Segment Start: TASK DATA
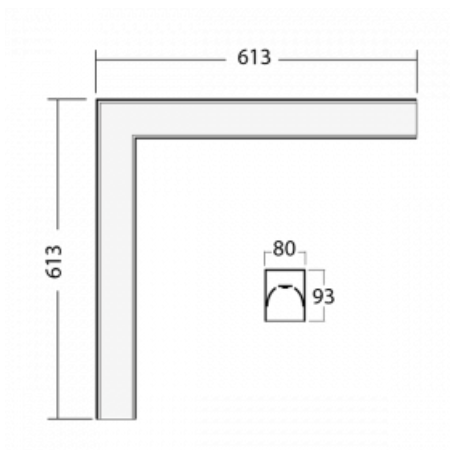

Svítidlo

Lina80-S

05S-220I-20GED/830, S

EPD®

Svítidla rodiny Lina80-S nabízíme v přisazené, závěsné a vestavné variantě, i s prosvětlenými rohy. Systém spojený do dlouhých linií či různých tvarů pomocí překrývaných spojů, které neprosvítají, uplatníte v malé kanceláři i velkém sále.

Technický výkres

Typ montáže	Vestavné, Přisazené, Nástěnné, Závěsné, Lištové
Typ vyzařování	Přímé
Tvar svítidla	Rohové
Barva svítidla	Stříbrná
Materiál	Hliník
Životnost	L90/B50 50 000 hodin
Záruka	5 let
Popis svítidla	Svítidlo vestavné/přisazené/nástěnné/závěsné/lištové
Rozměry	613 mm × 613 mm × 93 mm
Světelný zdroj	LED MODUL
Druh optiky	Mikroprisma
Světelný tok*	900 lm
Teplota chromatičnosti	3000 K teplá bílá
Měrný výkon	115 lm/W
MacAdam zdroje	2
Index podání barev	80
UGR max. X=4H Y=8H, ρ=70,50,20	16.6
Příkon svítidla*	7.8 W
Zapojení svítidla	DALI
Elektrické napětí	220-240V
Frekvence	50/60Hz

 **CE IP 40**

*±10 %

Ke stažení

Montážní návod

Fotografie
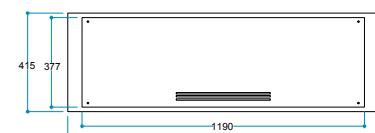

Spark

ECO 130

Genel Özellikler

Uzaktan Kumanda

FlameLog® 3D Odun – Gerçekçi Kor

FlameFire® Power LED Parlak Alevler

Güvenli Uyku Modu

Tüm Özellikler Birbirinden Bağımsız Kullanım

Teknik Özellikler

Model: Spark / BSC 130

Voltaj: 220/240 V

Ac 50/60 Hz - Max 2500 W

Materyal: Çelik/ Cam

Renk: Siyah

Uzaktan Kumanda: 455 Khz / kHz CR2032

Enerji Kablosu: 2 M

Kumanda
Uzaktan Erişim

FlameLog®
Gerçekçi 3D Odun

FlameFire®
Parlak Led Alevler

Güvenli Uyku
Artırılmış Güvenlik

FlameLight®
5 Farklı Işık Rengi

Ürün 1310/415/197 mm
Ölçüleri 131/41,5/19,7
52"/16"/8"

Koli 1370/455/250 mm
Ölçüleri 137/45,5/25 cm
54"/18"/10"

Ağırlık

23 kg
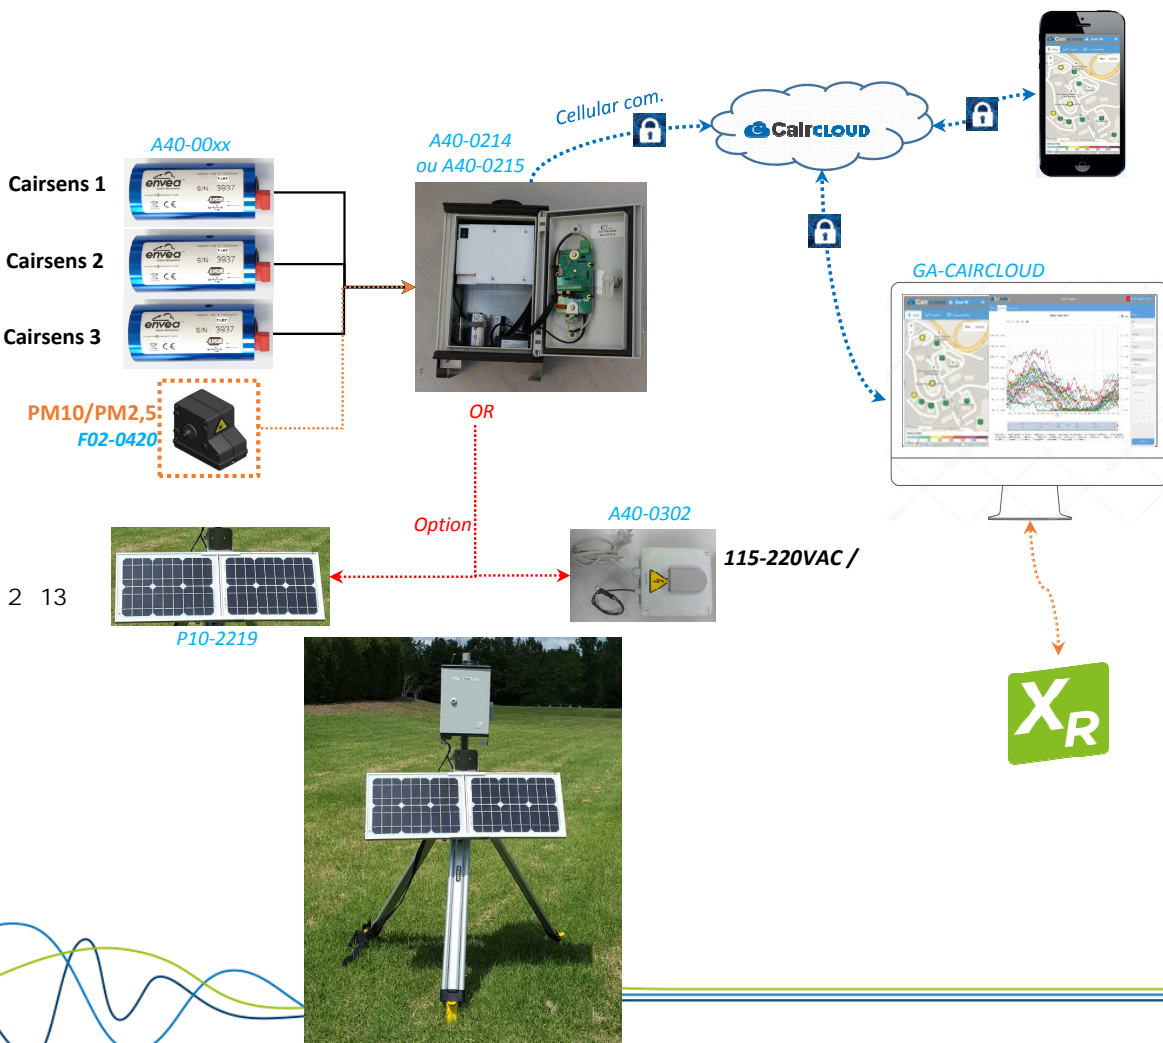

CAIRNET

GPRS / 3G

- 4
- 3 6
-
-
- ✓ 115-220 / 50-60 _12 (/1,5)
- ✓ (): 2X13
- Cairnet / Caircloud
-
- ✓ ... max = 40
- CAIRCLOUD « »
-
-
- Отображение данных за последнюю минуту
-
-
- 3
- / (xlsx, csv, pdf, jpeg..)
- FTP, SFTP, API REST
- Cairsens™
-
-
Segment End: TASK DATA
▶ _DIRECTIONS FOR THIS TASK_
Report every line in the listing that holds the word "Svítidlo".

▶ _YOUR RESPONSE_
Svítidlo
Popis svítidla	Svítidlo vestavné/přisazené/nástěnné/závěsné/lištové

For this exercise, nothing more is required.